I wonder if I got something wrong.

Answer 1

About symmetry breaking

Some remarks that may clarify some of your misconceptions:

• The finite-volume magnetization density $m_\Lambda^\#(\beta,h)$ is not odd in $h$ in general. Only the limiting quantity (as $\Lambda\uparrow\mathbb{Z}^d$) is odd. Exceptions for which the result does hold for finite systems are the cases of free and periodic boundary conditions.
• In particular, it is not true, in general, that $m_\Lambda^\#(\beta,0) = 0$.
• It is true that $m_\Lambda^+(\beta,0)>0$ uniformly in $\Lambda$ when $\beta>\beta_{\rm c}$. This follows, as you say, from a combination of the Peierls argument and the fact that $m_\Lambda^+(\beta,0) \geq \langle\sigma_0\rangle_{\beta,0}^+$ (first inequality in the proof of Proposition 3.29).
• As above, $F_\Lambda^\#$ is not an even function of $h$ in general. This is only true in the thermodynamic limit.

Given the above, I wouldn't say that there is spontaneous symmetry breaking under $\mu_{\Lambda;\beta,0}^+$, since there is no symmetry to be broken there (the spin-flip symmetry being explicitly broken by the boundary condition). Spontaneous symmetry breaking, just like phase transitions in general, only strictly makes sense in infinite systems. This does not prevent finite systems to display ordered phases, of course (below the critical temperature, a typical configuration of the Ising model in a finite box with $+$ boundary condition will be composed of a density $>1/2$ of $+$ spins with very high probability).

About boundary conditions

Concerning boundary conditions, the latter can indeed be seen as a mathematical trick to break the symmetry (instead of, or in addition to, using a magnetic field).
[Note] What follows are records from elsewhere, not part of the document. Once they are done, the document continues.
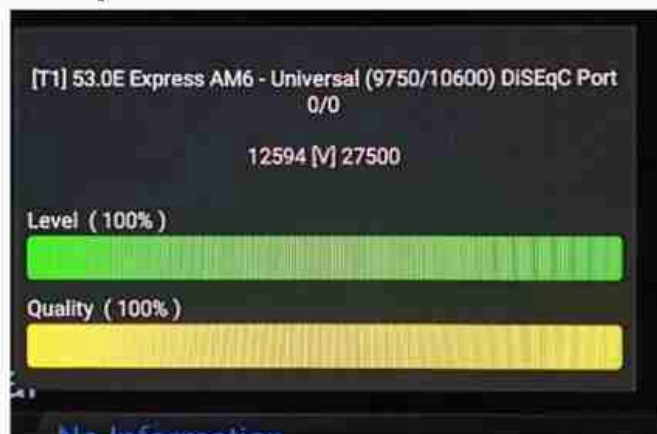

GMT : 12:15pm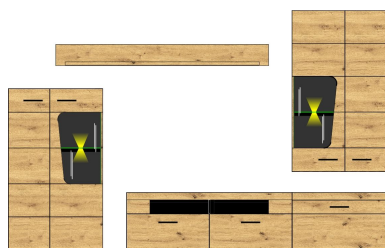

Möbel Letz GmbH
Am Gewerbepark 11
06895 Zahna-Elster

Tel.: 035383 - 6018 50

Fax.: 035383 - 6018 17

FUNNY PLUS

Typenprogramm

| | |
|--------------------|---|
| Front: | Artisan Eiche MDF |
| Korpus: | Artisan Eiche Nachbildung, sichtbare Rückwände schwarz |
| Modell-Nr.: | 10 H4 HH |
| Details: | inkl. LED-Beleuchtung |

Sets

10 H4 HH 80

Art.-Nr.

Beschreibung

TV-/Wohnlösung
inkl. LED-Beleuchtung
best. aus Typen - 03/10/30/31/41

Breite / Höhe / Tiefe (cm)

ca. 320 / 205 / 47

10 H4 HH 81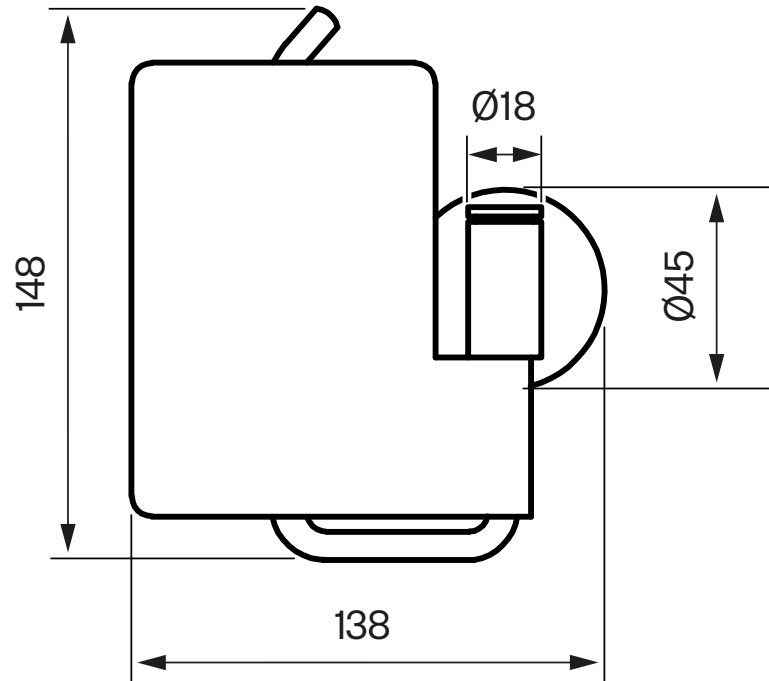

Toalettpappershållare.

Rengöring

Dimensioner/Vikt

Produkt - Bredd - 148 mm
Produkt - Djup - 120 mm
Produkt - Höjd - 138 mm

Tapwell

Ritning - PDF

Tapwell

Sprängskiss

1. Screw plug $\text{Ø}6 \times 30 \text{ mm}$
2. Wall mount $\text{Ø}34,6 \times 29,5 \text{ mm}$
3. Screw M4 x 35 mm
4. Plate $\text{Ø}45 \times 6 \text{ mm}$
5. Screw M4 x 10 mm
6. Seal plate
7. Cylinder $\text{Ø}18 \times 46,8 \text{ mm}$
8. Allan screw M5 x 8 mm
9. Holder
10. Gasket $\text{Ø}10 \times \text{Ø}6 \times 2 \text{ mm}$
11. Gasket $\text{Ø}12 \times \text{Ø}8 \times 2 \text{ mm}$
12. Lid
13. Cylinder $\text{Ø}18 \times 31,3 \text{ mm}$
14. Insert $\text{Ø}14,7 \times 12,7 \times 1 \text{ mm}$
15. Allan screw M5 x 25 mm
16. Cover cap $\text{Ø}18 \times 11,2 \text{ mm}$

But this is not the only motivation for introducing them. You can use boundary conditions to model the interaction between the microscopic constituents of your system and the boundary of the vessel that contains them. This is particularly important in the lattice gas interpretation of the model, since this point of view allows one to discuss very interesting surface phase transitions, such as the wetting transition.

Here is a picture (taken from this review paper) of the type of things you can prove for the Ising lattice gas: fix the total number of particles (i.e., $+$ spins) in the box. If the density in the box is between the density of the dense and the dilute phases, then the system spontaneously creates a macroscopic bubble of dilute phase inside the dense phase, of deterministic shape (minimizer of the surface tension). Moreover, playing with the attraction between the bottom wall of your vessel and the particles (i.e., the adsorption energy), you can prove that the droplet will start to attach itself to the wall (spreading more or less depending on the parameters). To model such phenomena, you need to take boundary conditions seriously.